By the time I was actually able to approach hero and get into cabals, Knights was around. Being the goody-goody that I am, all my first characters were Knights. The sheer level of imbalance was mind-boggling, and I don't think it was so much a game imbalance thing as it was a skill imbalance. There were Shadows who were virtually untouchable, even though they were playing the same classes as everyone else. They just, you know, had a clue. The dissemination of even the most basic info is so much easier today.
Someone else mentioned Gareth, so I'll tell my favorite anecdote. I was playing a pre-spec dwarf warrior in Knights, back when all clerics cast instead of communed. There were three of the steam-rolling Shadows online, and three of us Knights online, huddling in the Knight cabal. Because that's what you did when that many Shadows were on. One of them alone would probably come and kill you in the cabal anyway, but hey, you did what you could.

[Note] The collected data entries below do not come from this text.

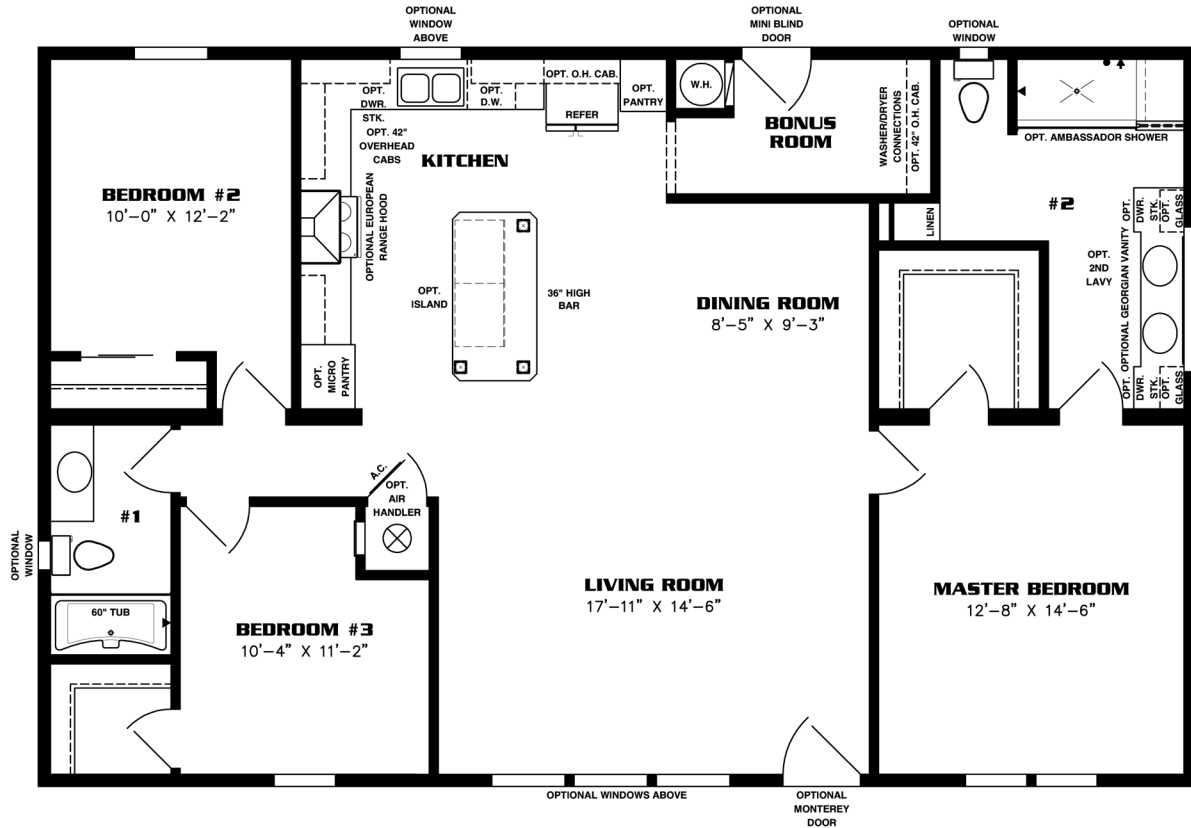

The Imperial

NOTE:
CHECK WITH YOUR SALESPERSON
TO IDENTIFY OPTIONAL ITEMS
THAT ARE ON THIS PRINT.

32' X 48'
1,472 SQUARE FEET

600 Packard Court ■ Safety Harbor, Florida 34695 ■ Telephone (727) 726-1138
www.jachomes.com/Floor-Plans

Model IMP-44822W-38969

2024

(ALL SIZES ARE APPROX.)

Then Gareth logs on, a guy I've never seen before, same race and class and cabal as me. I don't even think he said hi on the cabal channel; Gareth's characters were never particularly friendly to anyone. A few minutes later he arrives in the cabal... and starts dropping all of the most epic gear I'd ever seen exclusively held by Shadows before (usually while looking at them as a ghost while they finished raiding). I recall he glanced at me at one point, then handed me two wide coppers. Once he unloaded he ran off again. Check who pk, and lo and behold, two of the three Shadows were ghosts.
None of us had ever seen the like. Wide coppers were only for gods!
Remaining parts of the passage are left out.